━━━━━ Data provided

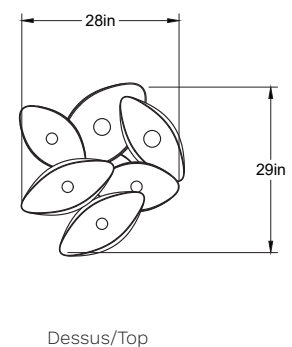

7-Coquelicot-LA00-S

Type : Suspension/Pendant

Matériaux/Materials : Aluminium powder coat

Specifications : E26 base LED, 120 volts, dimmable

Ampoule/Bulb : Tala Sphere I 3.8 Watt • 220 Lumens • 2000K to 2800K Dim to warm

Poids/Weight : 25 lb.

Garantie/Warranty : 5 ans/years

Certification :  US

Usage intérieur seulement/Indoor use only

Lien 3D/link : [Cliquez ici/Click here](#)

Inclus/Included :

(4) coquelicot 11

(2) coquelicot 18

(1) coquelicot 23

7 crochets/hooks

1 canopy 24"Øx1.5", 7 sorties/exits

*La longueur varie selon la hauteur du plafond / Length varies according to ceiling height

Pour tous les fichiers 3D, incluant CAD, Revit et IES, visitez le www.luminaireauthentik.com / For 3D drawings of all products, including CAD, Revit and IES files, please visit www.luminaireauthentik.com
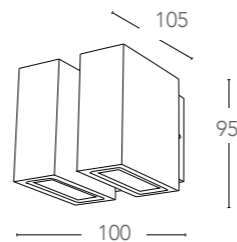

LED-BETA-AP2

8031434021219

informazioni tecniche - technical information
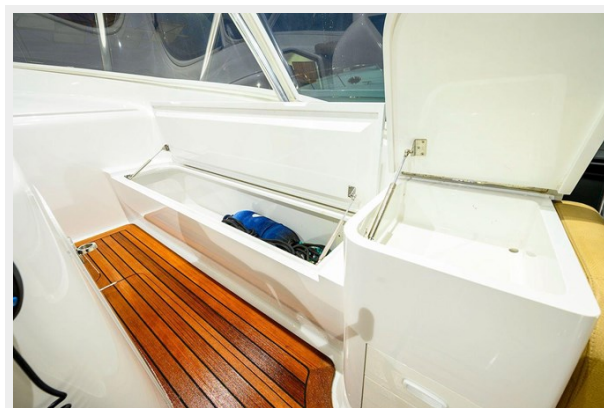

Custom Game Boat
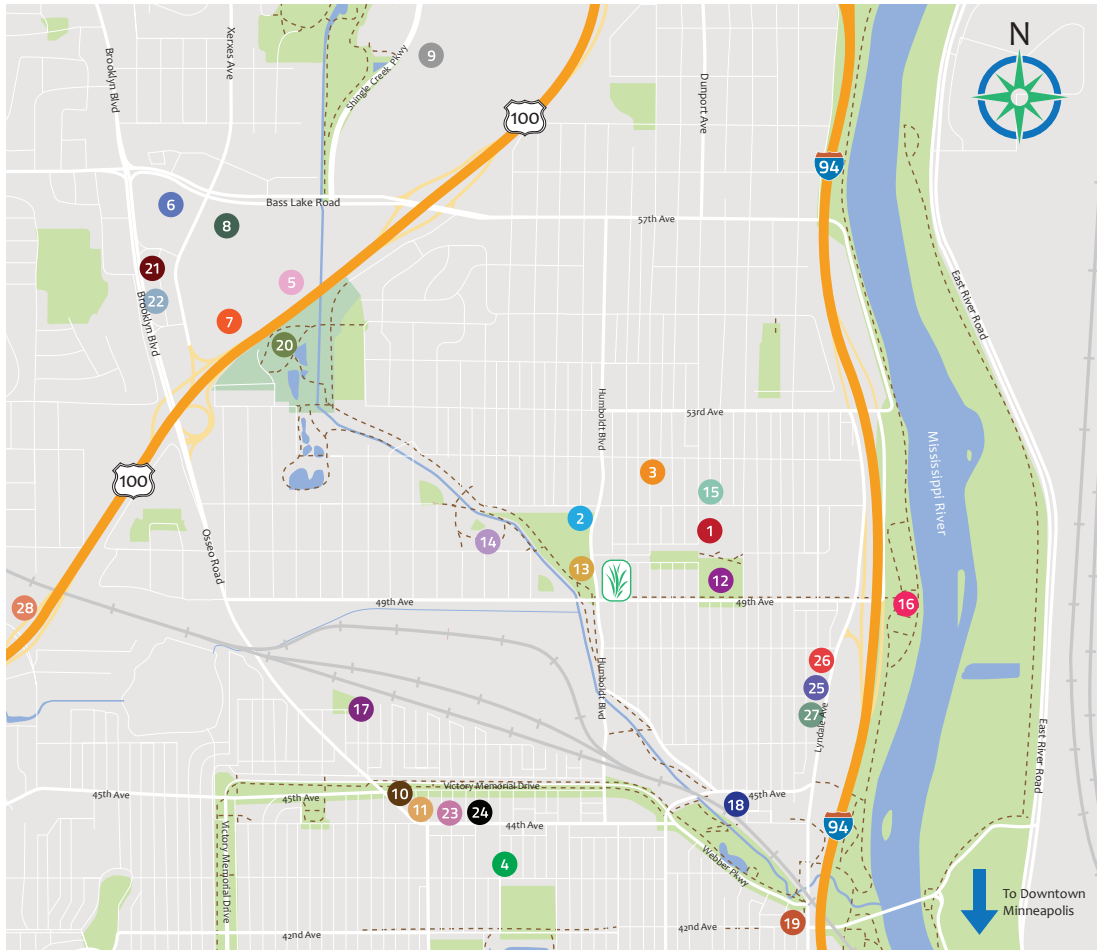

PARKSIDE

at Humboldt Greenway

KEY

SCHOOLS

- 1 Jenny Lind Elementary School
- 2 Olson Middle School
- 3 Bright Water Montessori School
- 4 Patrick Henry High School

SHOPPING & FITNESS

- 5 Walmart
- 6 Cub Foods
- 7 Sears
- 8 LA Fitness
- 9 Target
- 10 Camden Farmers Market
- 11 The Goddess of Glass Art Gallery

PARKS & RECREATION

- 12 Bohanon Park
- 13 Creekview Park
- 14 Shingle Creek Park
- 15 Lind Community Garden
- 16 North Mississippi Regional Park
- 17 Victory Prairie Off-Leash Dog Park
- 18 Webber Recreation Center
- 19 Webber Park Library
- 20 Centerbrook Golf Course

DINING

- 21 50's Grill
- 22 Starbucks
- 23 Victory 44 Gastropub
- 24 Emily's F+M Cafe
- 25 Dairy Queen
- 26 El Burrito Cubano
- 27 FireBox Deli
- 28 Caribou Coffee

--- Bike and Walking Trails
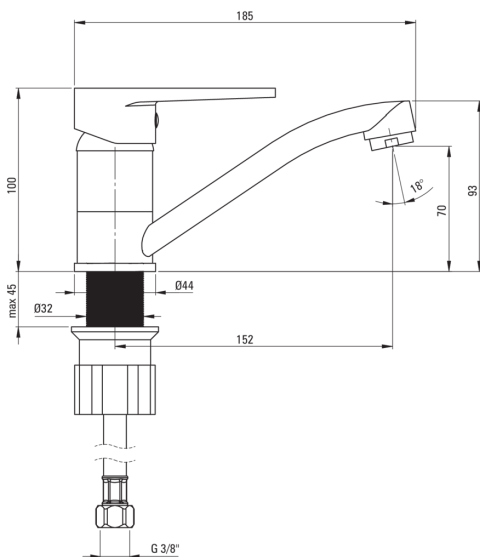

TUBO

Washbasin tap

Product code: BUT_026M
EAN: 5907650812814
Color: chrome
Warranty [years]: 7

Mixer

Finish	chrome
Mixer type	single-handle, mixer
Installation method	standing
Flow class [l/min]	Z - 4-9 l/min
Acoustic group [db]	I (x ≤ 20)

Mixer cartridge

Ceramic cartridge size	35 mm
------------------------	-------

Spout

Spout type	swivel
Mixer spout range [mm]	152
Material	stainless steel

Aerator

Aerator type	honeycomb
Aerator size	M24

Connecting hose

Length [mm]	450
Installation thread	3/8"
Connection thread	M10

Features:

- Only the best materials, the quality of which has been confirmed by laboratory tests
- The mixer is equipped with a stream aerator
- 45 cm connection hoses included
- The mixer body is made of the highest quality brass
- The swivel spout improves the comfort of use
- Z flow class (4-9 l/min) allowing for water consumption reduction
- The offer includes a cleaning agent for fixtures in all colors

━━━━━━━━━━

_Work instruction_. All that belongs in your answer is the stretch of entries above from the line with "(1) coquelicot 23" through the line with "to ceiling height", printed exactly.

_Finished exercise_.
(1) coquelicot 23

7 crochets/hooks

1 canopy 24"Øx1.5", 7 sorties/exits

*La longueur varie selon la hauteur du plafond / Length varies according to ceiling height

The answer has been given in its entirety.